December 18th was established as International Migrants Day by the General Assembly on December 4th, 2000, when the same assembly also adopted the International Convention on the Protection of the Rights of All Migrant Workers and Members of Their Families.
Thoughts regarding Migrant Workers at the beginning of a New Year
Most of us consider December to be a month of beauty, generosity, gifts and harmony: the winter holidays are what make us rethink for a while our relationships with those around us, the world and the beauty we enjoy every day. But in December we also celebrate another important day, which, in the wave of running and crowding, leaves us little time to reflect on the condition of our neighbor.
On December 18th we celebrate International Migrants Day, and now that the holidays have passed, it is important to reflect on this status, on the lives of the most disadvantaged among us, and on the methods by which we can at least contribute to creating an inclusive, generous, altruistic landscape and sympathetic to the problems of others, especially considering the fact that any of us (for various reasons) can become a migrant at some point.
Among the reasons that determine migration, the most important remains, by far, the economic factor, although, as UN data shows, the poorest people in the poorest countries on the globe cannot afford the status of migrants, simply because they do not even have the resources to leave the country of origin and seek better prospects in a more economically developed country.
However, migrant work in host countries is a factor that both host and home countries enjoy: economic growth is therefore visible in both. Furthermore, as the UN also stipulates, migrants’ skills and work capacities complement those of domestic workers, rather than competing with them, as populist candidates and leaders falsely claim.
Incidentally, the UN has also produced an edifying video material on the page dedicated to migrants, which aims to show the answer to a simple, trivial question: what would a day without migrants look like?

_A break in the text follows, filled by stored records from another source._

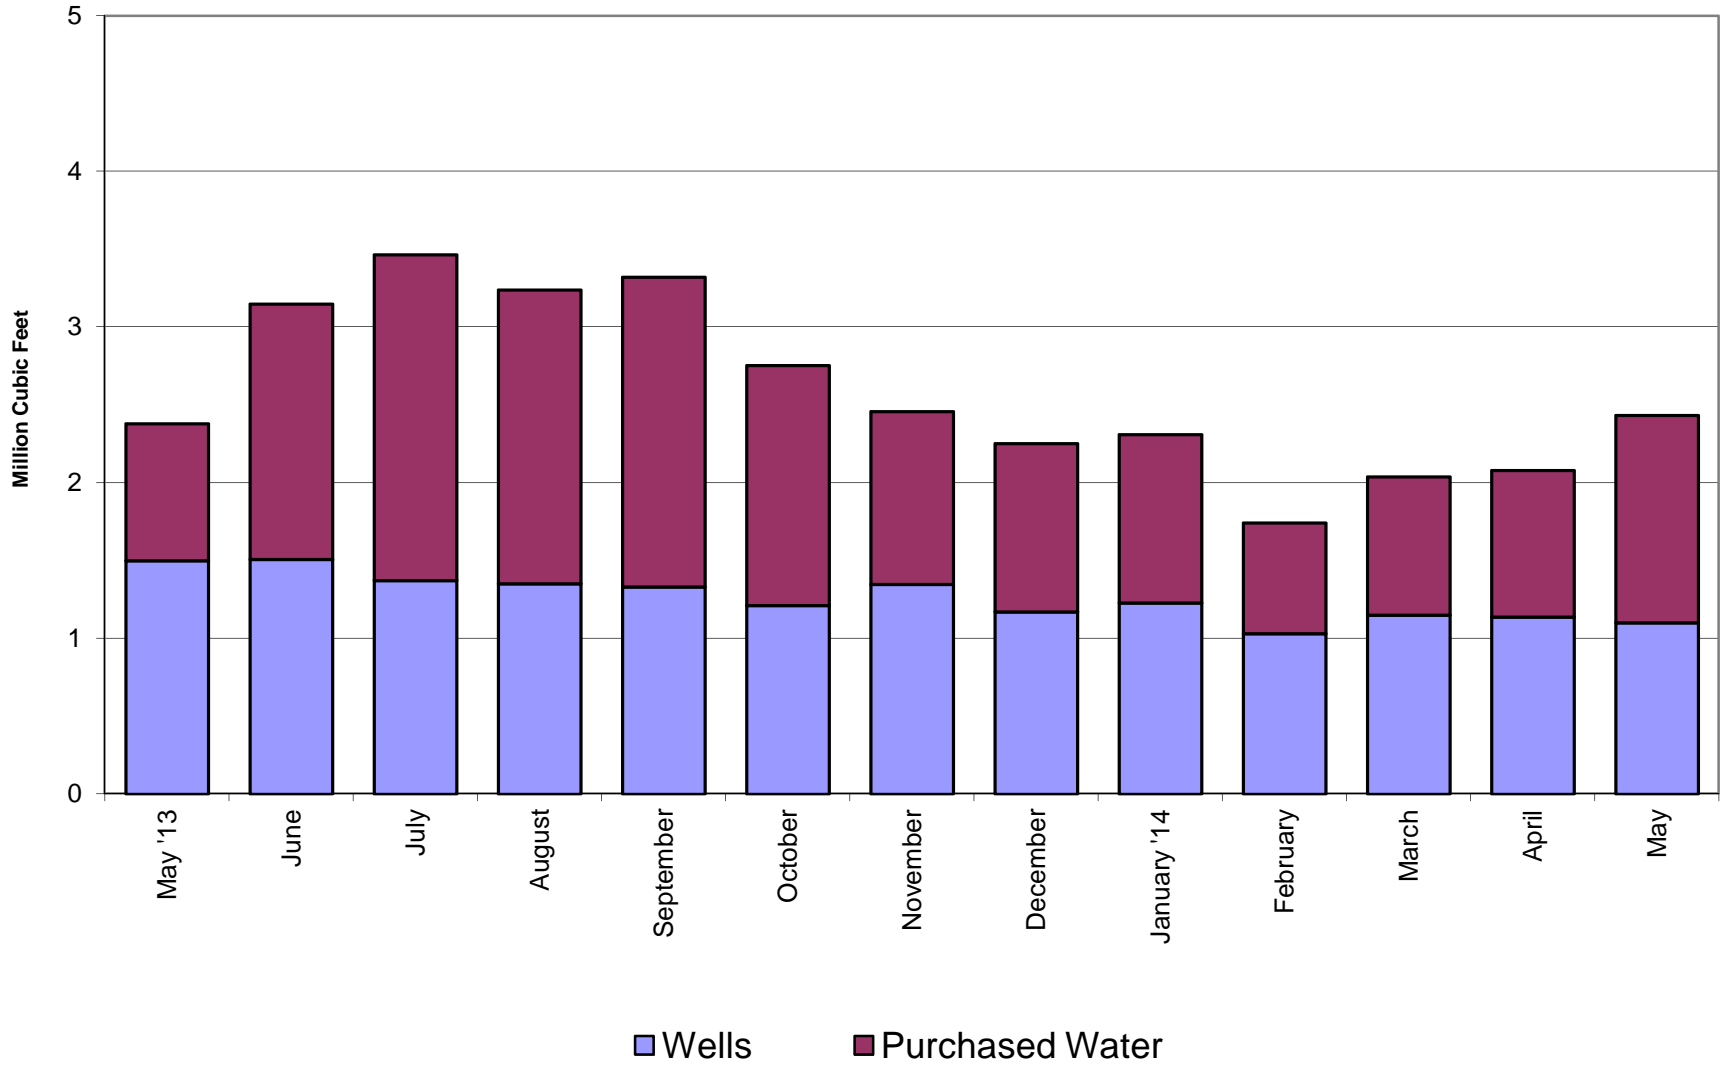

Crestline Village Water District

Water Sources - Last 13 Months

Crestline Village Water District

Total Production by Month

Crestline Village Water District

Total Production Cumulative

Crestline Village Water District

Well Production by Month

Crestline Village Water District

Well Production Cumulative

Crestline Village Water District

Purchased Water by Month

Crestline Village Water District

Purchased Water Cumulative

Crestline Village Water District

Rainfall - Last 13 Months

Crestline Village Water District

**Total Rainfall
July 1, 2013 to
Beginning of Current Month**

■ This Year ■ Last Year ■ Normal

**Total Rainfall
Last 12 Months**

■ This Year ■ Last Year ■ Normal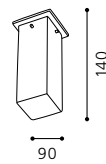

03 91204 - BANTRY

Aufbauleuchte; Stahl, nickel-matt / Glas opal
mounted lamp; steel, nickel matt / opal glass
lampe en saillie; acier, nickel mat / verre opale

L 90, B 90, H 140

The answer can be guessed by any of us – migrants are involved in some of the most difficult, unwanted and at the same time necessary jobs – but for a better perspective, we can also view the material provided by the UN.

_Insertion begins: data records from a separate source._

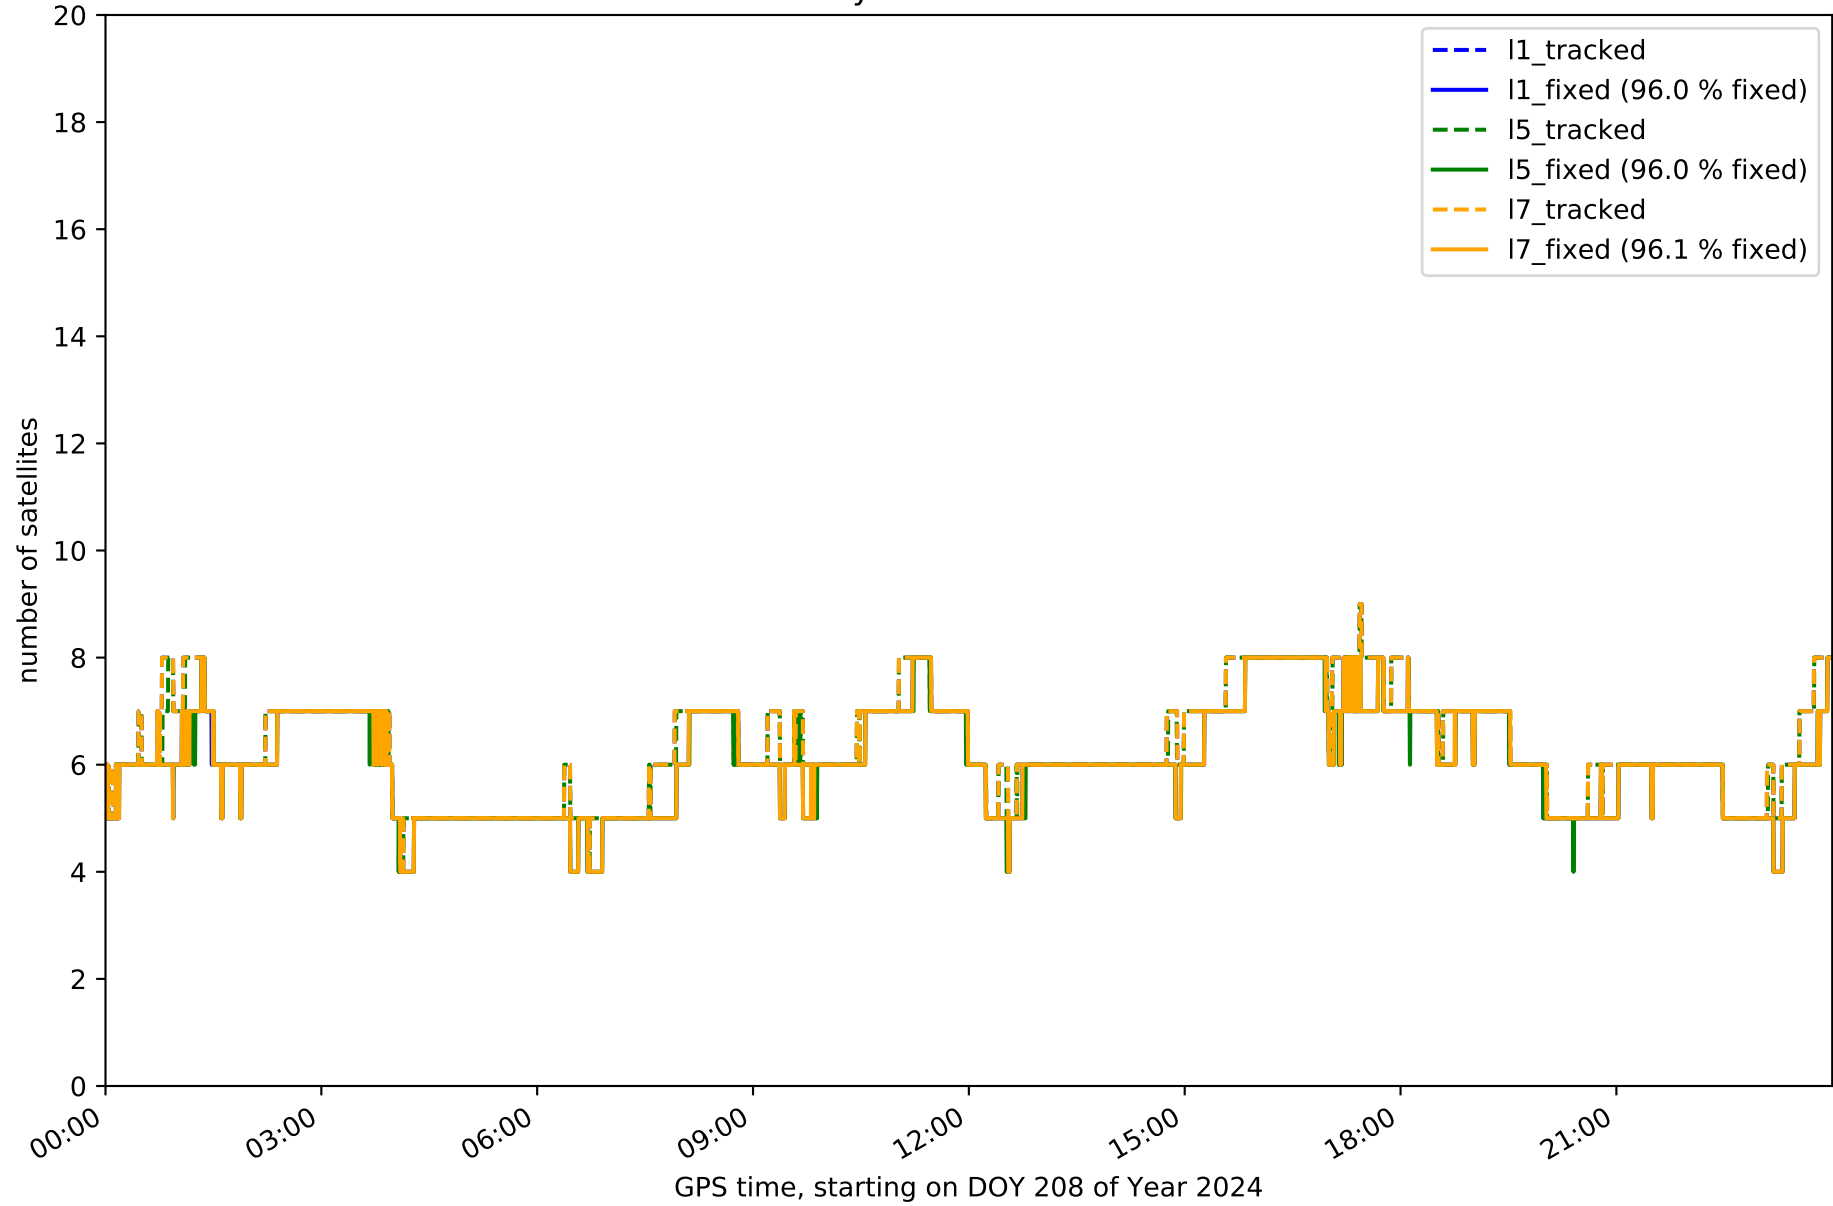

summary for network NET9

timeperiod chosen: from 2024-07-26-00:00:00 until 2024-07-26-23:59:59

average update rate (durations larger than 15 seconds considered as observation gap): 1.5 seconds

average fixing percentage with threshold set to 0.3: 95.0 percent

Processing rate in network NET9

Histogram of the processing rate in network NET9 (durations larger 15 seconds neglected)

Network NET9 with threshold set to 0.3

Fixing percentage of satellites in network NET9 with threshold set to 0.3

Network NET9 - only GPS with threshold set to 0.3

Network NET9 - only GLONASS with threshold set to 0.3

Network NET9 - only BDS with threshold set to 0.3

Network NET9 - only Galileo with threshold set to 0.3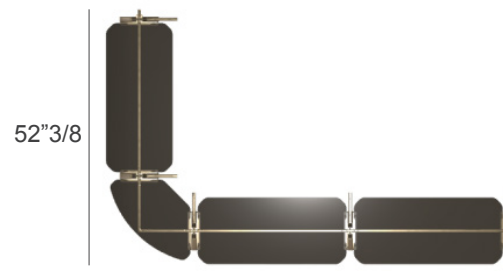

17"3/8W x 17"3/8D x 3/8"H - Cod. 16.95

Outside corner glass shelf with metal frame for the outside corner bookcase version (Qty. 4 for both sizes)

21"1/4W x 11"3/8D x 3/8"H - Cod. 16.94

Standard glass shelf with metal frame (Qty. 12 for size "A" and 16 for size "B")

30"W x 13"3/8D x 3/8"H - Cod. 16.76

A) Inside corner

A) Outside corner

83"7/8

83"7/8

Charlotte

B) Inside corner

B) Outside corner

Corner bookcase frame

Bookcase additional module

Inside corner glass shelf

Outside corner glass shelf

Standard glass shelf

It is true that the times we live in are becoming more and more complicated for most of us: the poor standard of living, the quality and cost of services, limited resources, the inability of some leaders to listen to and effectively solve the problems of the population have led many to exhibit a hostile and racist attitude towards migrants, considering them guilty of the unemployment rate of native population, the ‘parasitism’ of the host state and other such problems; in essence, most of the time, the situation is very distinct.
Unemployment rates are dictated by many other elements, among which the rapid mechanization of certain jobs, with the desire to reduce the costs of qualified human personnel; the aging of the population is another important aspect, and, in economically developed Western states, migrant labor is precisely what safeguards the situation and keeps afloat the social fabric designed to encourage confidence in the status’ ability to support pensions and quality living after a certain age.
We must all be aware of the immense emotional suffering of migrant workers – most of the time, they are far from familiar places, their own language and identity, family and traditions, just trying to earn enough to afford what we all dream of having – basically: a decent life, quality medical and educational services – without the fear that paying for them could bankrupt us.
Now, at the beginning of a new year, more than ever, we need solidarity, an empathetic and fair view of a phenomenon that can be easily manipulated in the wrong directions, but which represents a good opportunity to develop friendly and lasting relations with members of other communities, to help each other realize that there are more things that unite us than what divides us, to learn from others and to build a sustainable and harmonious future for us all. Changing perspective, mindset and behavior ultimately changes actions and relationships. And they change everything else. Be radically different: Be a Mindchanger.